Series · LangGraph from Scratch · Part 6 of 8

· 27 min read

LangGraph from Scratch, Part 6: Giving the Bot Tools

Your bot stops guessing. It calls a real calculator and a real web search, decides for itself when to reach for them, and streams the work back to the UI over the exact belt you built in Part 5.

langgraph · fastapi · tools · tutorial

Ask your bot from Part 5 what 23 times 17 is. It will answer with total confidence, and there's a real chance it's wrong. Ask it for today's headlines and it will invent some. The model isn't lying on purpose. It's a brilliant improviser that has never once done arithmetic or seen the internet. It pattern-matches words, and sometimes the pattern for "23 times 17" lands on the wrong number.

By the end of this page, your bot stops guessing. It gets a calculator that's always right and a web search that actually looks things up, and, the part that makes it an agent instead of a chatbot, it decides on its own when to use them.

Today's destination. One question, two tools the bot chose to call, and a final answer built from their results. The dashed bubbles are the bot showing its work.

This part has more moving pieces than the last, so here's the map: one new Python file for the tools, a few lines that let the model reach for them, a graph that can now loop, and two new envelope types riding the SSE belt from Part 5. You'll install one new package along the way. Let's give the bot some hands.

Why your bot is a confident liar

The thing to understand before any code: a language model has no calculator inside it and no live connection to anything. It generates the most plausible next word. For "the capital of France" the most plausible continuation is "Paris," and it's right.
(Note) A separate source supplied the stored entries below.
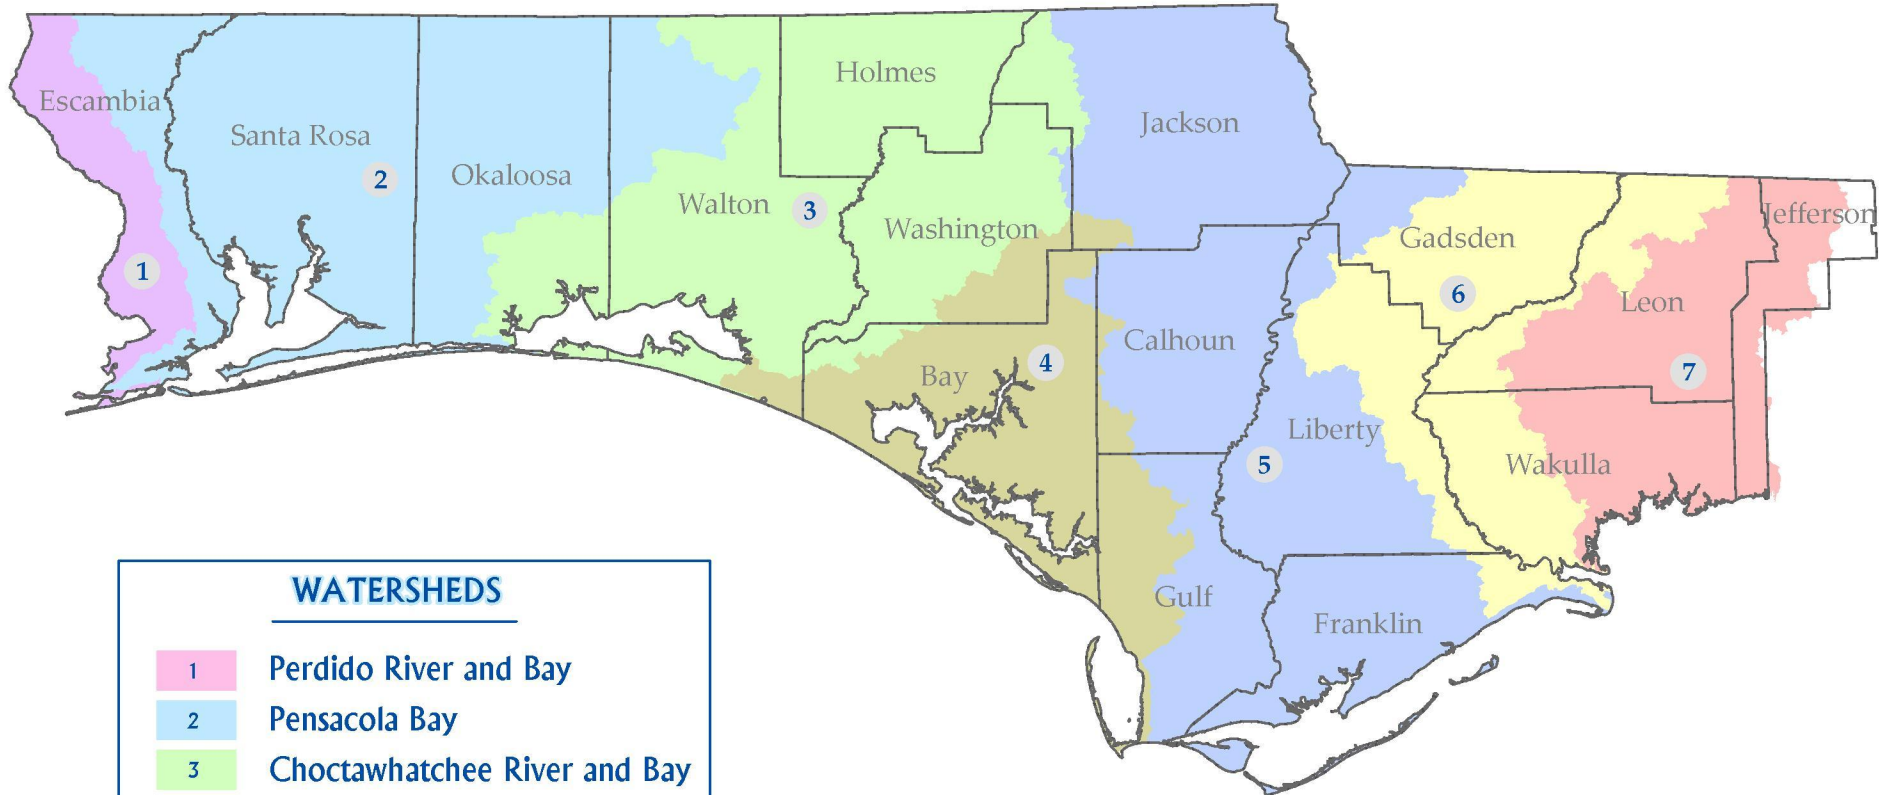

MAJOR WATERSHEDS OF THE NORTHWEST FLORIDA WATER MANAGEMENT DISTRICT

WATERSHEDS	
1	Perdido River and Bay
2	Pensacola Bay
3	Choctawhatchee River and Bay
4	St. Andrews Bay
5	Apalachicola River and Bay
6	Ochlockonee River and Bay
7	St. Marks River

For "23 times 17" the most plausible next token is some number, and the odds it's exactly 391 are not great.

Tool calling fixes this by giving the model an escape hatch. When it hits something it can't do reliably, it stops guessing and asks your program to run a real function. The calculator computes 391 because it actually multiplies. Search returns real results because it actually queries the web. The model's job shrinks to the thing it's genuinely good at: deciding which tool to reach for and turning the result into a sentence.

What tool calling actually is

Here's the part that trips everyone up, so let's be precise. The model never runs your code. It can't. It has no Python interpreter and no access to your server. What it produces is a request: a little structured note that says "please run the tool named calculator with the argument 23 * 17." Your application reads that note, runs the real function, and hands the answer back to the model.
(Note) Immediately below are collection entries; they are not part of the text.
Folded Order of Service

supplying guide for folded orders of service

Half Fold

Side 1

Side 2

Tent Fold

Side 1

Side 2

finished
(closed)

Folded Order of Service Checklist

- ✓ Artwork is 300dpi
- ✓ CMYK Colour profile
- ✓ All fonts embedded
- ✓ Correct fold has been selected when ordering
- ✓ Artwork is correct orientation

The handoff in one picture. The model writes down what it wants run; your app runs it; the answer rides back. The model and your code never trade places.

This is the whole idea, and it's why tool calling is safe to reason about: the model is a planner, your app is the only thing that ever executes. That division of labor is also why your first job is to write tools that are safe to hand a planner you don't fully control. Which brings us to the calculator.
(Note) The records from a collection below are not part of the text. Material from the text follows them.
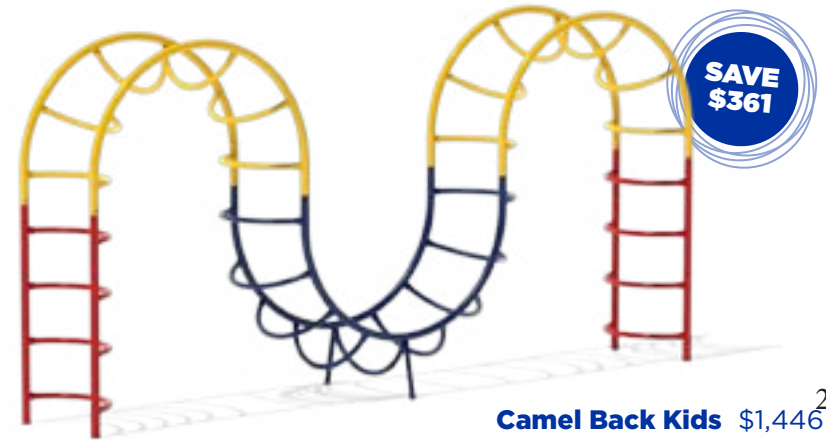

Fall Height: 6'

Timber Count: 27

ADA: With 2 Ground Based Items

**SAVE
\$11,157**

Independent Play

Bi-pod Swing Frame

1 Bay \$523
 Item #: 90015401XX
 Use Zone: 25' x 32'
 REG. PRICE: \$654

Add a Bay \$410
 Item #: 90915400XX
 Use Zone: Add 11' x 32'
 REG. PRICE: \$513

Ask your sales rep about swing and adaptive seats!

Camel Back Kids \$1,446²

REG. PRICE: \$1,807
 Item #: 90007112XX
 Use Zone: 27' x 15'

3.5" Arched Frame and Team Seat Swing \$3,840

REG. PRICE: \$4,800

Green
 Item #: PLD00002GRXX
Orange
 Item #: PLD00002ORXX

A calculator that can't be turned against you

Make a new file, backend/app/tools.py. The obvious way to build a calculator in Python is eval("23 * 17"), and you must never do that. eval runs any Python, and the string is coming from a model that a stranger on the internet is steering. eval("__import__('os').system('rm -rf ~')") is also a valid expression. Hand the model eval and you've handed your server to whoever talks to it.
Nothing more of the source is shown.